Le prochain budget donne lieu à des discussions serrées entre les deux poids lourds de la majorité, le Mouvement Cinq Etoiles (M5S, antisystème), dont M. Di Maio est le chef de file et la Ligue (extrême droite) que dirige l'autre vice-Premier ministre Matteo Salvini.

Ce dernier défend l'idée d'une grande baisse des impôts passant par une "flat tax" comportant deux taux uniques de 15 et 20%, tandis que M. Di Maio défend le projet d'un revenu de citoyenneté, sorte de revenu universel dont les contours sont encore à préciser.

Ces deux réformes ont un coût très élevé, quelque 10 milliards d'euros pour le seul revenu de citoyenneté, et des arbitrages seront nécessaires, qui génèrent une certaine tension entre les deux principaux actionnaires du gouvernement populiste italien.

"Ou il se fait, ou il y aura un gros problème pour ce gouvernement", a ainsi lancé mardi soir M. Di Maio, interrogé sur ce revenu de citoyenneté par la télévision publique Rai 3.

Mercredi, la Bourse de Milan a accusé le coup avant de se reprendre dans la journée. L'indice FTSE MIB a perdu près d'un 1% avant de se reprendre, mais certaines banques comme Intesa Sanpaolo ont cédé jusqu'à plus de 3%. Vers 16H30, il revenait très légèrement dans le vert à +0,07%. Sur le marché secondaire de la dette, vers 16H15 (14H15 GMT), le taux d'emprunt italien à 10 ans remontait à 2,978% contre 2,943% à la clôture mardi.
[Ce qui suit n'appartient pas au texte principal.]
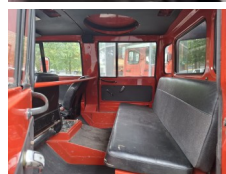

Unimog 416 163 Doka schnelle achsen 125 ps Feuerwehr

Jaar	1975
Uren	1,800
Kilometerstand	43,000

Algemeen

Type	406 403 416 417
Doka double cabin	
eersteregistratie	1975
brandstof	Diesel

Omschrijving

Unimog 416 163 Doka
schnelle achsen 125 ps
Feuerwehr Bj 05-1975 Km
43000 arbeitsstunden
1800 Radstand 2900 mm
Hubraum: 5675 ccm
Om352 motor 125 ps
Vollsynchronisiertes
Schaltgetriebe 6 gang 6
Vorwaertsgaenge, 2
Rueckwaertsgaenge mit
arbeit und kriechgangen
Volles getriebe
Zapfwelle antrieb am
getriebe fur motorpumpe
Schnelle
Achsuebersetzung 95
km/h 23/9 Vorne
zuschaltbarer
Allradantrieb
Differentialsperre
Vorder/Hinterachse
Portalachsen mit
Spiralfedern und
Stosshaempfern Reifen
michelin 335/80r20 Sehr
gute zustand Wenig km
feuerwehr fahrzeug
kommt direct von dienst
preis auf anfrage
Ansprechpartner Donald
Verdonk weitere schöne
Unimog finden sie auf
UNIMOGDONALD NL Sie
haben Fragen zum
Fahrzeug ? Interesse
bitte Donald anrufen
0031-647792676
weteringstraat 4 7391 TX
twello (niederlande)
Unimogdonald nl
Transport möglich wir
sprechen deutsch
englisch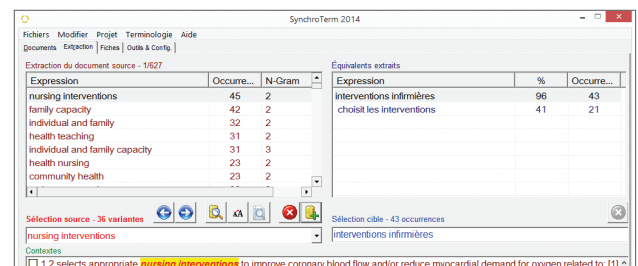

SynchroTerm prend en charge 26 langues : anglais, français, espagnol, italien, portugais, polonais, créole, slovaque, tchèque, allemand, suisse, russe, grec, néerlandais, hongrois, norvégien, turque, danois, bulgare, finnois, roumain, lituanien, slovène, arabe, chinois et le letton.

Exportez vos fiches vers un des huit formats disponibles pour ensuite les importer dans votre outil de gestion de terminologie.

Lorsque vous créez des fiches, vous pouvez pré-remplir jusqu'à 11 champs automatiquement avec des valeurs que vous avez définies pour éviter d'entrer les mêmes informations pour chaque fiche.

L'option *Liste de terminologie restrictive* vous permet de charger une liste de termes sources déjà créée afin que SynchroTerm n'extrait, des documents fournis, que les termes qui se trouvent dans votre liste.

Un produit de

TERMINOTIX

Terminotix inc.

2053, avenue Jeanne d'Arc, bureau 401
Montréal (Québec) Canada H1W 3Z4
T. +1 514 989-9465

ventes@terminotix.com
terminotix.com

Terminotix offre aussi
les produits suivants :

LOGITERM
ALIGNFACTORY
BRIDGE-TERM
PORTAGE

Suivez-nous sur

Interface SynchroTerm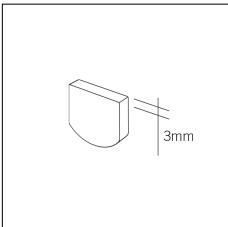

Codice Articolo	Nome	Descrizione	Potenza (W)	Tipo di Driver
1.024075	Driver LED 24V 75W IP20		75	On/Off

Codice Articolo	Nome	Descrizione	Potenza (W)
1.97759	Driver LED 24V 150W IP67		150

Codice Articolo	Nome	Descrizione	Potenza (W)
1.97745	Driver LED 24V 200W IP67	Dimensioni 69 x 37 x 206 mm	200

Codice Articolo	Nome	Descrizione
1302.2015	MB_15/G090 (Solo taglio)	Connessione ad angolo orizzontale 90° / Horizontal connection corner 90°

200 x 200

Powered by HTML.COM

Codice Articolo	Nome	Descrizione
1324.170.0031	[MX2_70] Taglio ad angolo verticale 90°	Connessione ad angolo verticale 90° / Vertical connection corner 90°

200 x 200

Powered by HTML.COM

Codice Articolo	Nome	Descrizione
1302.4015	MB_15/GV270 (Solo taglio)	Connessione ad angolo verticale 270° / Vertical connection corner 270°

Codice Articolo	Nome	Descrizione	Colore
1302.5015.98	MB_15/TC-98	Testata di chiusura, finitura grigio alluminio/ End cap, finishing grey aluminium	Grigio anodizzato (98)
1302.5015.98.10	MB_15/TC-98 - 10 PZ	Testata di chiusura, finitura grigio alluminio/ End cap, finishing grey aluminium	Grigio anodizzato (98)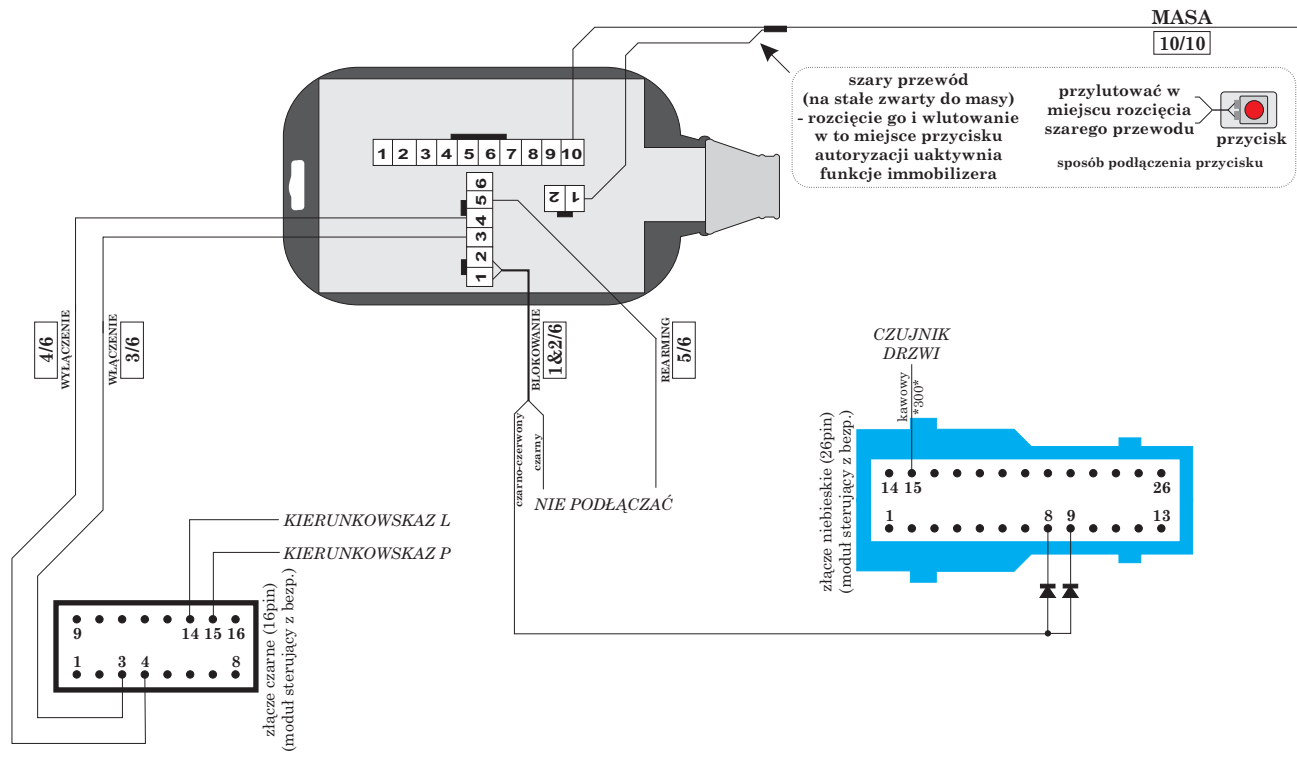

rok: 00 → rev00

PROGRAM: 5. (KOD 3355)

marka: CITROEN

model: XSARA (3-drzwiowa)

rok: 09'00

rev00

PROGRAM: 5. (KOD 3355)

marka: CITROEN

Le spread, indicateur très suivi de la confiance, qui mesure l'écart entre les taux italien et allemand, s'établissait à 257,21 points de pourcentage après avoir touché un point bas à 244 ces derniers jours, à la suite de déclarations jugées apaisantes sur le budget du ministre italien des Finances Giovanni Tria.